Work to complete> Before copying, remove every picture, and then repeat all entries below precisely as written.

++++ Records ++++

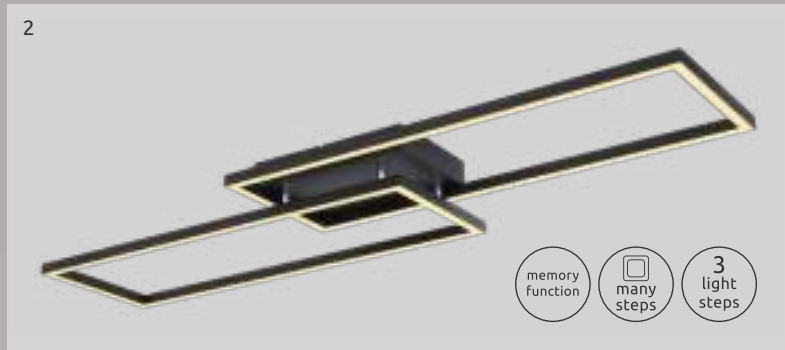

Tatjana

1	67243-24B	incl. LED 24W	2100lm	900lm	3000K	VPE: 4 ↔ 71cm x 23cm ▾ 7,5cm metal black matt, acrylic opal
2	67243-36B	incl. LED 36W	3300lm	1300lm	2700|4000|6000K	VPE: 4 ↔ 101cm x 29cm ▾ 7,5cm metal black matt, acrylic opal
3	67243-36W	incl. LED 36W	3300lm	2200lm	2700|4000|6000K	VPE: 4 ↔ 101cm x 29cm ▾ 7,5cm metal black matt, acrylic opal
4	67243-24W	incl. LED 24W	2100lm	1400lm	3000K	VPE: 4 ↔ 71cm x 23cm ▾ 7,5cm metal black matt, acrylic opal
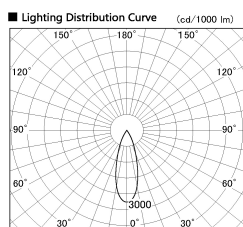

Item no. DD126-4035DW9035-LX

Series Name: Cledy versa L-G Antiglare
(DD126_AG-LX)

Dark Mirror Reflector

Installation	Recessed mount
Type	Cledy versa L-G Antiglare (DD126_AG-LX)
Fixture wattage	38.5W
Beam angle	32deg
Color Temp.	3500K
CRI	Ra>90
Luminous	3463 lm
Body	Die-cast aluminum alloy
Body finish	N/A
Trim finish	White
Reflector finish	Dark Mirror
IP Rate	IP20
Light source	COB module
Input Voltage	AC220~240V
Dimming Type	Non-Dimmable
Certificate	CE,CCC
Cut Hole	150mm
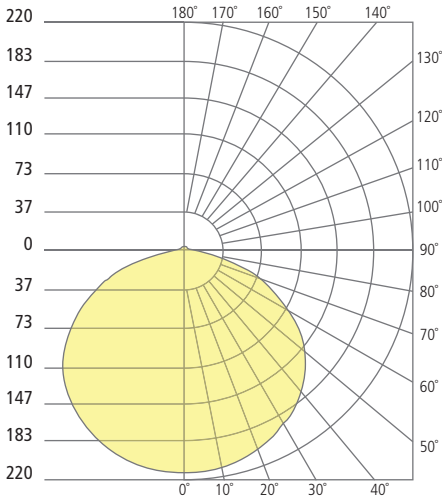

## PHOTOMETRICS\*

\*For latest photometrics, please visit [www.ELEMENT-Lighting.com](http://www.ELEMENT-Lighting.com)

### TORUS 5"

Total Lumen Output: 684  
 Total Power: 9  
 Luminaire Efficacy: 76  
 Color Temp: 3000K  
 CRI: 90+

### TORUS 8"

Total Lumen Output: 1255  
 Total Power: 15  
 Luminaire Efficacy: 84  
 Color Temp: 3000K  
 CRI: 90+

### TORUS 12"

Total Lumen Output: 1989  
 Total Power: 31  
 Luminaire Efficacy: 64  
 Color Temp: 3000K  
 CRI: 90+
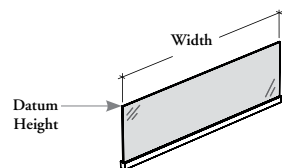

library carrels & screens

THSAG

Add-On Screen – Glass

This screen provides central space division. It provides lighter, frameless alternative to Add-On Framed Screen.

WHAT'S INCLUDED

1 glass screen, support frame, and hardware.

NOTES

The glass is 1/4" (6 mm) thick tempered glass and is available in Frosted (FT) and Satin (FB) finishes.

Screen width must be on-module for one or two users and should follow worksurface sections.

PRODUCT OPTIONS

Height	Width	Glass Finish	Frame Finish
09 (42" high datum line with ADA height application)	30, 36, 42 (1 user)	FB Satin	Foundation
13 (42" high datum line with Standard height application)	60, 72, 84 (2 users)	FT Frosted	Mica
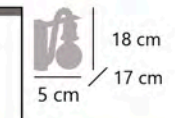

On/Off

Orientable
Adjustable
Ajustavel

10761

ROPE

10761 1 x E-27 / 60W Max.

Negro/natural - Black/natural - Preto/natural
Metal/cuerda - Iron/rope - Ferro/corda

FONTEN

11381 LED 14W / 1260LM / 3000K

++++

Output of the task>
Tatjana

1	67243-24B	incl. LED 24W	2100lm	900lm	3000K	VPE: 4 ↔ 71cm x 23cm ▾ 7,5cm metal black matt, acrylic opal
2	67243-36B	incl. LED 36W	3300lm	1300lm	2700|4000|6000K	VPE: 4 ↔ 101cm x 29cm ▾ 7,5cm metal black matt, acrylic opal
3	67243-36W	incl. LED 36W	3300lm	2200lm	2700|4000|6000K	VPE: 4 ↔ 101cm x 29cm ▾ 7,5cm metal black matt, acrylic opal
4	67243-24W	incl. LED 24W	2100lm	1400lm	3000K	VPE: 4 ↔ 71cm x 23cm ▾ 7,5cm metal black matt, acrylic opal

Item no. DD126-4035DW9035-LX

Series Name: Cledy versa L-G Antiglare
(DD126_AG-LX)

Dark Mirror Reflector

Installation	Recessed mount
Type	Cledy versa L-G Antiglare (DD126_AG-LX)
Fixture wattage	38.5W
Beam angle	32deg
Color Temp.	3500K
CRI	Ra>90
Luminous	3463 lm
Body	Die-cast aluminum alloy
Body finish	N/A
Trim finish	White
Reflector finish	Dark Mirror
IP Rate	IP20
Light source	COB module
Input Voltage	AC220~240V
Dimming Type	Non-Dimmable
Certificate	CE,CCC
Cut Hole	150mm

## PHOTOMETRICS\*

\*For latest photometrics, please visit [www.ELEMENT-Lighting.com](http://www.ELEMENT-Lighting.com)

### TORUS 5"

Total Lumen Output: 684  
 Total Power: 9  
 Luminaire Efficacy: 76  
 Color Temp: 3000K  
 CRI: 90+

### TORUS 8"

Total Lumen Output: 1255  
 Total Power: 15  
 Luminaire Efficacy: 84  
 Color Temp: 3000K  
 CRI: 90+

### TORUS 12"

Total Lumen Output: 1989  
 Total Power: 31  
 Luminaire Efficacy: 64  
 Color Temp: 3000K  
 CRI: 90+

library carrels & screens

THSAG

Add-On Screen – Glass

This screen provides central space division. It provides lighter, frameless alternative to Add-On Framed Screen.

WHAT'S INCLUDED

1 glass screen, support frame, and hardware.

NOTES

The glass is 1/4" (6 mm) thick tempered glass and is available in Frosted (FT) and Satin (FB) finishes.

Screen width must be on-module for one or two users and should follow worksurface sections.

PRODUCT OPTIONS

Height	Width	Glass Finish	Frame Finish
09 (42" high datum line with ADA height application)	30, 36, 42 (1 user)	FB Satin	Foundation
13 (42" high datum line with Standard height application)	60, 72, 84 (2 users)	FT Frosted	Mica

On/Off

Orientable
Adjustable
Ajustavel

10761

ROPE

10761 1 x E-27 / 60W Max.

Negro/natural - Black/natural - Preto/natural
Metal/cuerda - Iron/rope - Ferro/corda

FONTEN

11381 LED 14W / 1260LM / 3000K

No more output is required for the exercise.